What you should do: Exactly the lines from the start of the entries through the line with "(#10316 -4-6)" are required in the output, with no pictures among them.

Source material: Begin

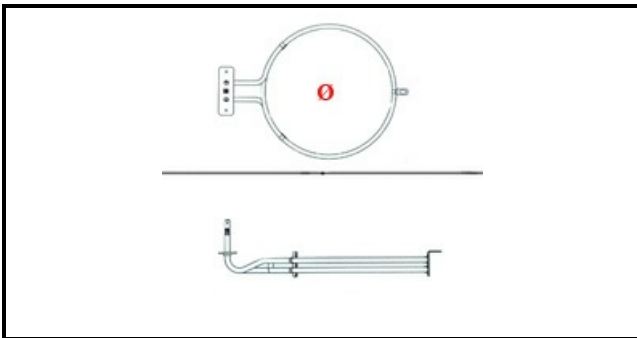

# HEATING ELEMENT 230V 2580W CB

Date: 22-01-2025

ORIGINAL  
**OSP**  
SPARE PARTS

## Technical data

ELEMENTS	ELEMENTI/ELEMENTS=1
SQUARE FLANGE	RETTANGOLARE/SQUARE FLANGE=100X22mm
EXTERNAL DIAMETER mm	Ø=190mm
KILOWATT KW	KW=2,58
WATT	WATT=2580
MONOPHASE	MONOFASE/MONOPHASE
NUMBER OF POLES	POLI/POLES=2
NUMBER OF HOLES	FORI/HOLES=2
DRY HEATING ELEMENT	SECCO/DRY
INTERNAL DIAMETER mm	Ø=178mm
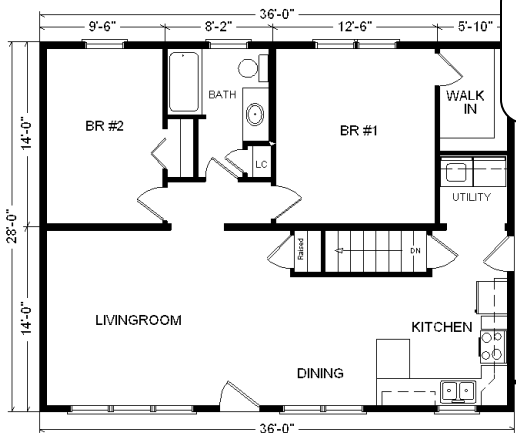

Model #9

28x36 Ranch 1,008 sq. ft.

Design Homes, Inc.

Prairie du Chien, WI
(#10316 -4-6)

Base Price:	\$80,233.00
This Home Displays The Following Options:	
Laundry Area Hook-ups	428.00
Dishwasher (WDF310)	574.00
Vanity Drawer base	132.00
Shutters	252.00

Total With Options Shown: \$81,619.00

ZONES 1 & 2

**Reverse Plan
w/Optional
Garage Shown**

Jan 2017

Price Includes:
 Delivery in Zones 1 and 2, Crane Work, All Blueprints, R55 Ceilings, R20 Exterior Walls, REAL Plywood Floors, Kohler Plumbing, Pella Windows, 200 Amp Service, All Applicable Tax and Much More!!
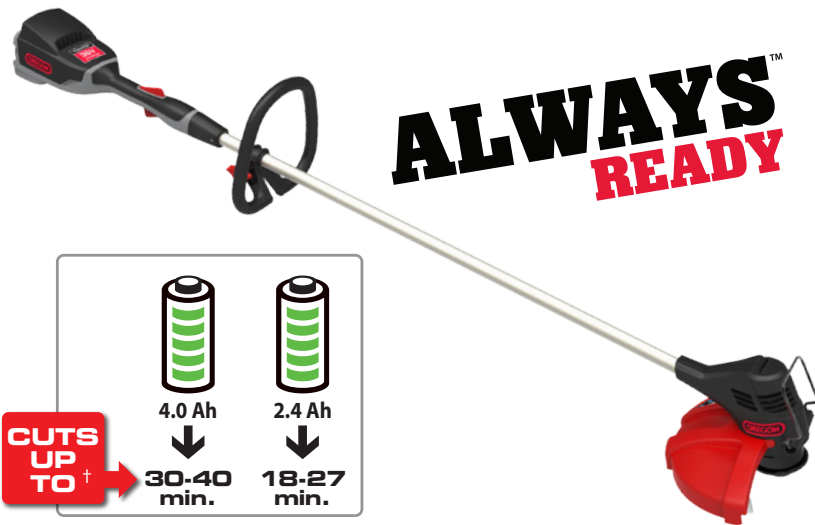

Cordless Tool System

36V TRIMMER/EDGER MODEL ST250

Whether you're a commercial landscaper or a hardworking homeowner who simply demands the best, the OREGON® 36V Trimmer/Edger has the power and precision for any job you might face. With no cords to get cut or tangled, the ST250 is ALWAYS READY™. The OREGON® PowerNow™ Lithium Ion Battery Pack features premium cell technology for long run time and fast, powerful cutting. An ergonomic, in-line design allows for comfortable use and quick and easy conversion from trimming to edging. OREGON® Swift Load trimmer head technology makes string loading simple and fast.

- ✓ **36V Lithium Ion Performance**
Long run time • Premium cell technology • Constant no-fade power • Holds charge in storage for months
- ✓ **Instant Start**
No pull cords • No petrol • No warm-up • No emissions
- ✓ **2-in-1 Tool**
Quick and easy conversion from Trimmer to Edger • Flip down guide for precise edging
- ✓ **Advanced Cutting System**
OREGON® Swift Load trimmer head for fast, easy string loading • Duoline+ is resistant to cracking and breaking • Reliable bump feed line advancement • Dual lines for faster cutting
- ✓ **Comfort & Control**
Ergonomically designed • Light-weight & balanced • Large comfortable handles • Variable speed throttle increases control and run time
- ✓ **Low Noise**
Four times quieter than a petrol trimmer • Silent between trimming

Product Specifications

Trimmer line	2.0 mm Duoline+
Trimmer head	OREGON® Swift Load
Line advancement	Bump feed
No load cutting speed	7000 RPM
Throttle	Variable speed
Weight	9.4 lb. (4.3 kg) with 2.4 Ah Battery Pack

36V TRIMMER/EDGER, MODEL ST250

Trimmer/Edger Kit with Endurance Battery Pack Model ST250-E6

Includes: 36V Trimmer/Edger, Trimmer Head with 2.0 mm Duoline+ B400E 2.4 Ah Battery Pack, and C600 ChargerPart #560400
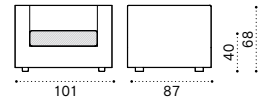

Central module

Lounge armchair
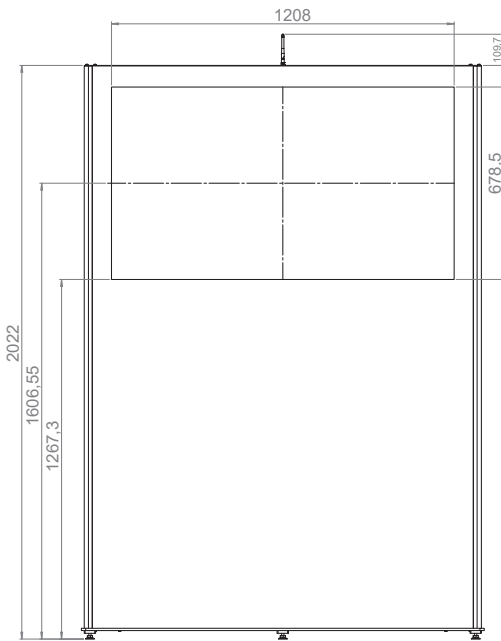

# vis-it landscape 49 - 55"

## Indoor totem

Item no.: 1915

- for screens from 49 - 55" / 124 - 140 cm
- height incl. base plate: 2020 mm
- floor space required: W 1420 x D 645 mm
- internal cable routing
- integrated power strip
- protection from unauthorized access by way of lockable door on the back, e.g. for mini PC etc
- active ventilation (low-noise)

**Please note!**

- display width, max.: 1310 mm
- distance from center, max.: 372 mm
- display depth without glass, max.: 93 mm
- display depth with glass, max.: 85 mm\*
- display depth with glass, max.+Pcap: 73 mm

Other screens on request.  
 \*77 mm if the display height is more than 1250 mm

In case of a project, also possible according to customer specification.
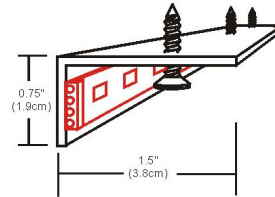

Description

Soft Strip L shape heat sink reflector redirects light where you need it and adds life to the LED's by drawing excess heat away. Available in 4 and 8 foot lengths.

Specifications

COLOR	N/A
BODY FINISH	N/A
WATTAGE	N/A
DIMMER	N/A
DIMENSIONS	.96"L
BULB	N/A
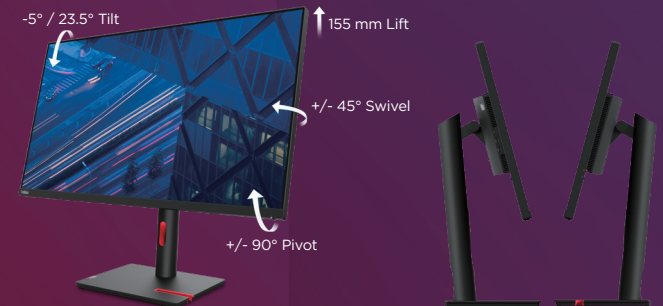

Put your mind and body at ease

ThinkVision T32h-30 Monitor is designed to put you at ease. Its ergonomic stand is highly adjustable and offers an increased lift range so you can lift, tilt, swivel, and pivot the monitor to meet your most comfortable working posture. Add to that an optimal lowest position that is designed to make every user feel comfortable. You can also VESA mount the monitor to keep your desk clutter-free. If you're environmentally conscious this monitor will put your mind at ease too, as it stays up-to-date with the latest TCO 9.0 regulations that meet stringent ecological standards. The ThinkVision T32h-30 Monitor is enveloped in green packaging that is easy on the environment too.

¹ USB Type-C® and USB-C® are registered trademarks of USB Implementers Forum. | ² Actual capacity of power delivery may vary depending upon devices connected or monitor configuration, and may decline with downstream USB ports connected or higher brightness setting. | ³ Supports 2560 x 1440 @ 60Hz as specified in HDMI 2.1.
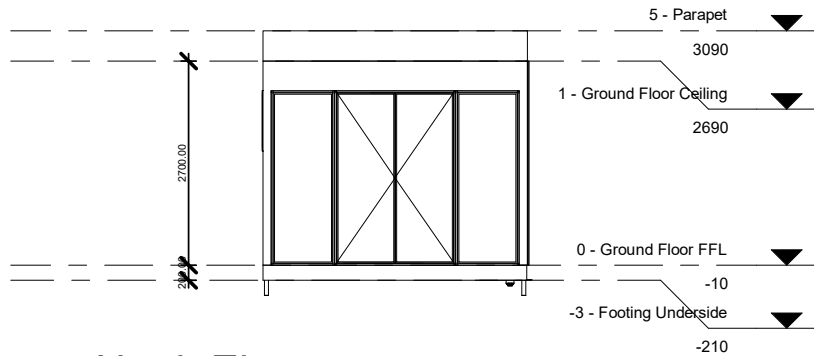

STANDARD MODULE

MASTER BEDROOM - 3.5m WIDE

0 - Ground Floor

SCALE: 1 : 100

	12.011 ATOMIC 6	
	14 Thornycroft St, Campbellfield, Vic 3061 www.atomic6.com.au 1300 481 180	
ADDRESS: Project Address		
Scale 1 : 100	Date October 2017	Revisio A
		Drawing No. C001

North Elev

SCALE: 1 : 100

East Elev

SCALE: 1 : 100

South Elev

SCALE: 1 : 100

West Elev

SCALE: 1 : 100
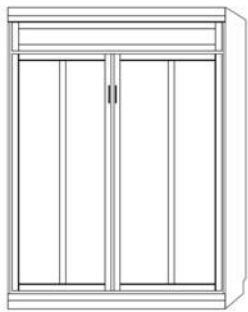

STANDARD

DELUXE

PREMIUM

Straight top-flat headboard • Curved Top- Shelf Hdbd-Bookcases • Straight Top-Shelf Hdbd-Bookcases

FINISHES:

- NATURAL HONEY MAPLE
- SUNSET COGNAC
- BARK GRAY GRAY
- CINNAMON CARAMEL
- ESPRESSO

PREMIUM FINISHES:

- WHITE
- ALABASTER
- COBALT

	SKU	DIMENSION CLOSED	DIMENSION OPEN
QUEEN STANDARD	VV50	65w x 17d x 90h	65w x 86d x 90h
FULL STANDARD	VV46	59w x 17d x 85h	59w x 81d x 85h
QUEEN DELUXE	VVX50	75w x 25d x 90h	75w x 92d x 90h
QUEEN PREMIUM	VVZ50	75w x 20d x 90h	75w x 92d x 90h

VALENCIA standard, deluxe, premium side storage cabinets

3 DRAWER

- VTFS 16 X 85
- VTQS 16 X 90
- VPTF 24 X 85
- VPTQ 24 X 90
- VPGF 32 X 85
- VPGQ 32 X 90

3 DRAWER-DOOR

- VWFS 16 X 85
- VWQS 16 X 90
- VPWF 24 X 85
- VPWQ 24 X 90

3 DRAWER-2 DOOR

- 3 drawers -with 2 Doors. Inside has clothes hangar bar.
- VPWU 32 x 85

2 DOOR

- DESK BASE-1 lateral file drawer, medium drawer & pencil drawer
- 69"
- VDFL 32 X 85
 - VQFL 32 X 90
 - BSDL Shaped Desktop
 - VLD 24 X 90
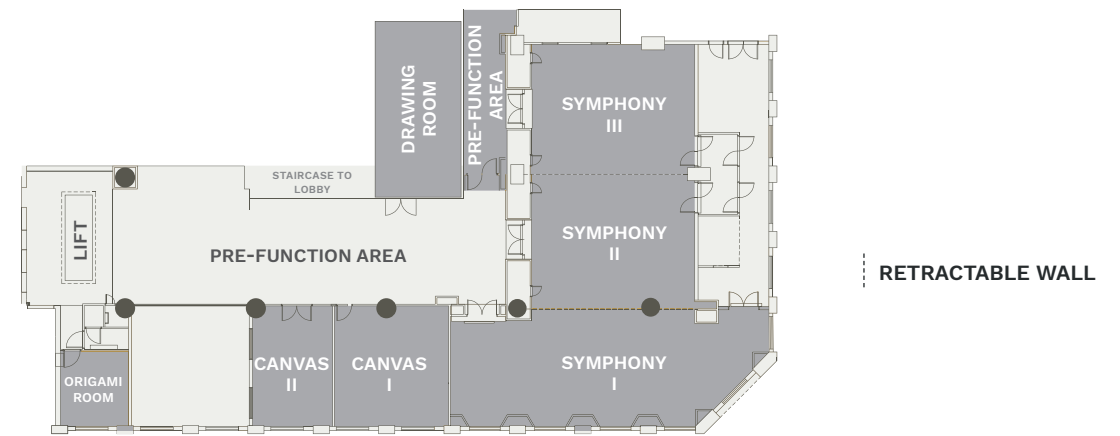

## MEETING SPACES

- 7 Meeting/Banquet Rooms**
- Symphony I Canvas II
  - Symphony II Drawing Room
  - Symphony III Origami Room
  - Canvas I

## FLOOR PLAN

## GUEST CAPACITY

Location	Description	Dimension	Area	Height	Banquet	Boardroom	Classroom (2pax / 3pax)	Cluster	Standing Cocktail	Theatre	U-Shape
Level 2	Symphony	-	290sqm (3,121sqft)	3.3m (10.8ft)	240	-	88/132	75	300	250	-
Level 2	Symphony II & III	10.4m x 15.9m (34.1ft x 52.2ft)	160sqm (1,722sqft)	3.3m (10.8ft)	110	34	64/96	55	200	150	34
Level 2	Symphony I	18.4m x 7.2m (60.4ft x 23.6ft)	130sqm (1,399sqft)	3.3m (10.8ft)	60	28	42/63	40	120	80	28
Level 2	Symphony II	10.4m x 8.1m (34.1ft x 26.6ft)	80sqm (861sqft)	3.3m (10.8ft)	50	20	24/36	30	100	60	20
Level 2	Symphony III	10.4m x 7.8m (34.1ft x 25.6ft)	80sqm (861sqft)	3.3m (10.8ft)	50	20	24/36	30	100	60	20
Level 2	Pre-Function Area	-	110sqm (1,184sqft)	-	-	-	-	-	180	-	-
Level 2	Drawing Room	9.85m x 4.17m (32.3ft x 13.7ft)	41sqm (436sqft)	2.75m (9ft)	-	16	21	10	-	30	15
Level 2	Canvas I	7.17m x 5.8m (23.5ft x 19ft)	42sqm (448sqft)	3m (9.8ft)	-	14	24	15	-	30	15
Level 2	Canvas II	7.17m x 4.85m (23.5ft x 15.9ft)	36sqm (329sqft)	3m (9.8ft)	-	14	18	10	-	30	15
Level 2	Origami Room	4.95m x 4.1m (16.2ft x 13.5ft)	21sqm (218sqft)	2.98m (9.8ft)	-	10	-	-	-	-	-
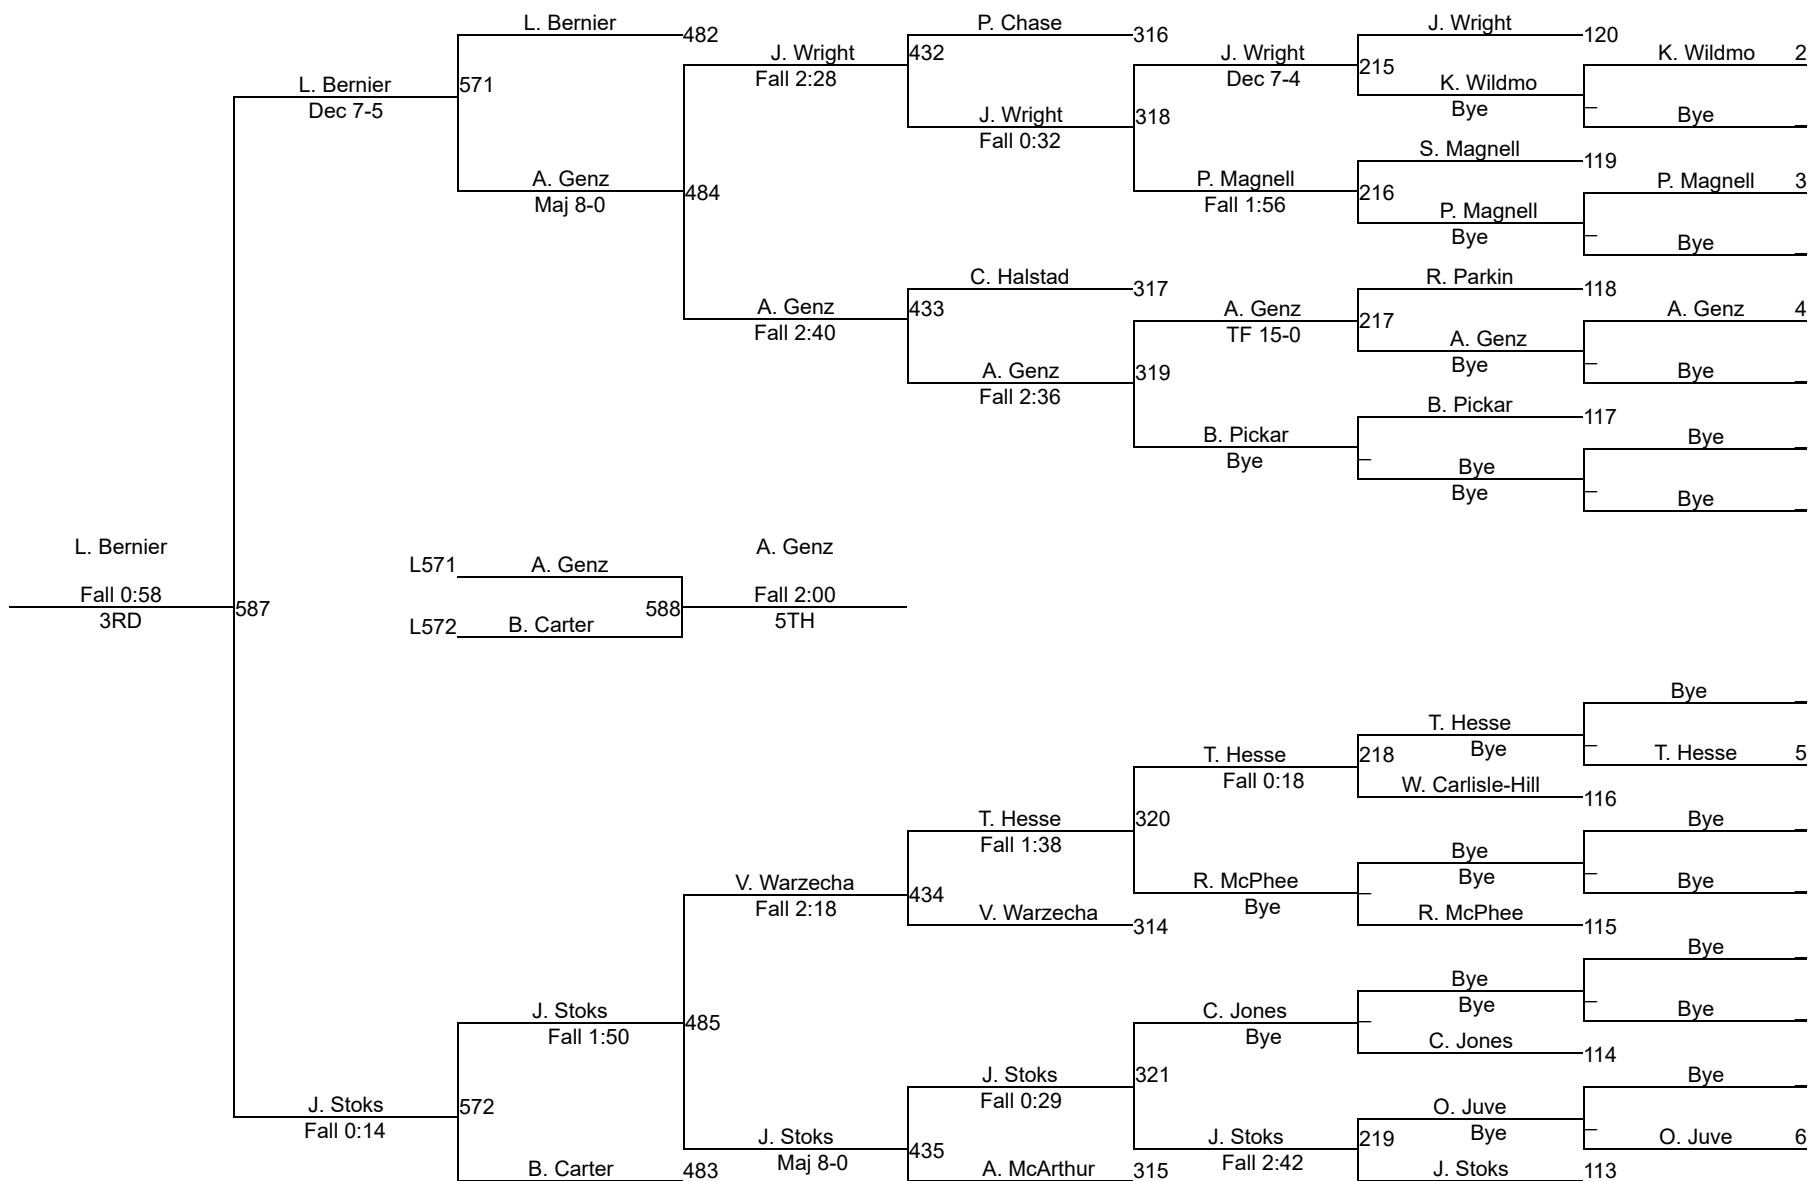

NYWA Bemidji 2025

PreK-K 40 Mat 8 Saturday

NYWA Bemidji 2025

PreK-K 45 Mat 9 Saturday

PreK-K 45

NYWA Bemidji 2025

PreK-K 50 Mat 7 Saturday

PreK-K 50

Source material: End

Exercise output:
# HEATING ELEMENT 230V 2580W CB

Date: 22-01-2025

ORIGINAL  
**OSP**  
SPARE PARTS

## Technical data

ELEMENTS	ELEMENTI/ELEMENTS=1
SQUARE FLANGE	RETTANGOLARE/SQUARE FLANGE=100X22mm
EXTERNAL DIAMETER mm	Ø=190mm
KILOWATT KW	KW=2,58
WATT	WATT=2580
MONOPHASE	MONOFASE/MONOPHASE
NUMBER OF POLES	POLI/POLES=2
NUMBER OF HOLES	FORI/HOLES=2
DRY HEATING ELEMENT	SECCO/DRY
INTERNAL DIAMETER mm	Ø=178mm

Model #9

28x36 Ranch 1,008 sq. ft.

Design Homes, Inc.

Prairie du Chien, WI
(#10316 -4-6)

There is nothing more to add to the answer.